A rite of passage

Insights Newsletter
11 August, 2023

In politics, there are certain things you need to be taken seriously.

Some are formal things. You need a platform, of course. And a leader.

Then there are less formal things. Rites of passage, if you will. Survive a scandal. Engage in some backstabbing. Manage a couple U-turns here and there.

And, every election cycle, you need at least one dumb policy. This election is no exception.

The Green Party wants to “focus New Zealand’s defence policy on climate change responses.” Because everyone knows the best way to fight rising CO2 emissions is with bullets. This should play well to their supporters.

The ACT party is an unwavering supporter of libertarian principles, unless you’re a 17-year-old with a troubled past. In that case, you should get tried as an adult because you're "old enough to know better” - though you're still not old enough to have a beer or know who to vote for.

Meanwhile, Labour’s apparent policy to have at least one ministerial scandal a month doesn’t seem to be going so well for them. Then there’s their announcement of a massive green energy project – if only they can get it through their own resource consent regime.

Finally, the National Party has announced that it wants to ban phones in schools.

But why is this policy dumb?

Well, because it doesn’t change anything.

Schools that have problems with kids on phones can already put restrictions in place.
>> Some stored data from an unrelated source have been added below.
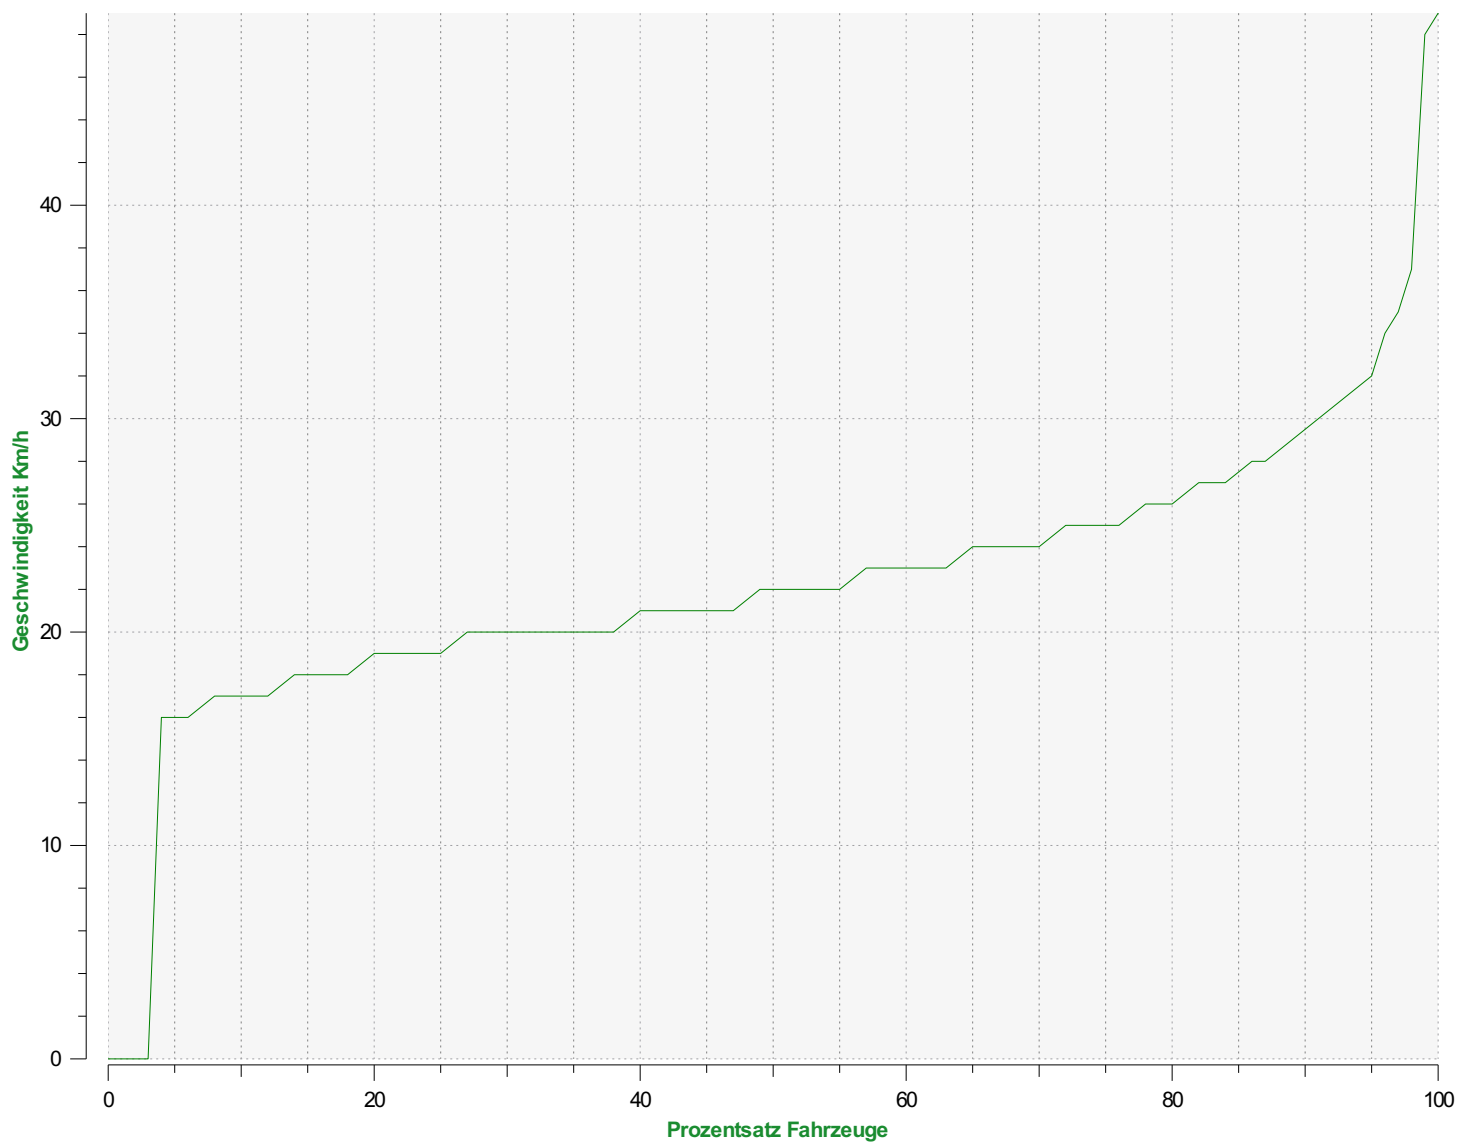

### Abfahrende Fahrzeuge

<span style="color: green;">■</span>	<= 30 Km/h : 7.587 - (87.06 %)
<span style="color: darkgreen;">■</span>	31 - 40 Km/h : 1.056 - (12.12 %)
<span style="color: yellow;">■</span>	41 - 50 Km/h : 53 - (0.61 %)
<span style="color: olive;">■</span>	51 - 60 Km/h : 10 - (0.11 %)
<span style="color: red;">■</span>	61 - 70 Km/h : 3 - (0.03 %)
<span style="color: darkred;">■</span>	71 - 80 Km/h (et +) : 6 - (0.07 %)

**Beginn der Auswertung:** Freitag, 22. April 2022 00:00  
**Ende der Auswertung:** Montag, 27. Juni 2022 13:30

**Messort:**

**Kommentar:**

**Perzentil Geschwindigkeit ankommende Richtung**

**V30:** 20.00Km/h **V50:** 22.00Km/h **V85:** 27.00Km/h

Since National wants the schools themselves to decide how this new rule is implemented, they’ve basically announced that nothing will change.

A good policy requires substance. This policy, though, is a tasty nothingburger.

And yet it’s a nothingburger that has generated at least three days of news.

Prime Minister Hipkins was quick to point out that schools “don’t need Christopher Luxon’s permission” to ban phones. I mean, sure. But criticising National for taking decision-making agency away from local actors is a bit rich coming from a government that seems to want to centralise everything.

Secondary Principals’ Association president, Vaughan Couillault, said the policy is “unworkable”. Apart from the schools that already have restrictions on phone use, of course. It’s working fine for them.

What really matters to the National Party is not whether this policy will actually accomplish anything but whether it’ll give them free coverage with their name on it.

And here I am now, unwittingly obliging. And all for a nothingburger.

Maybe the policy isn’t so dumb after all.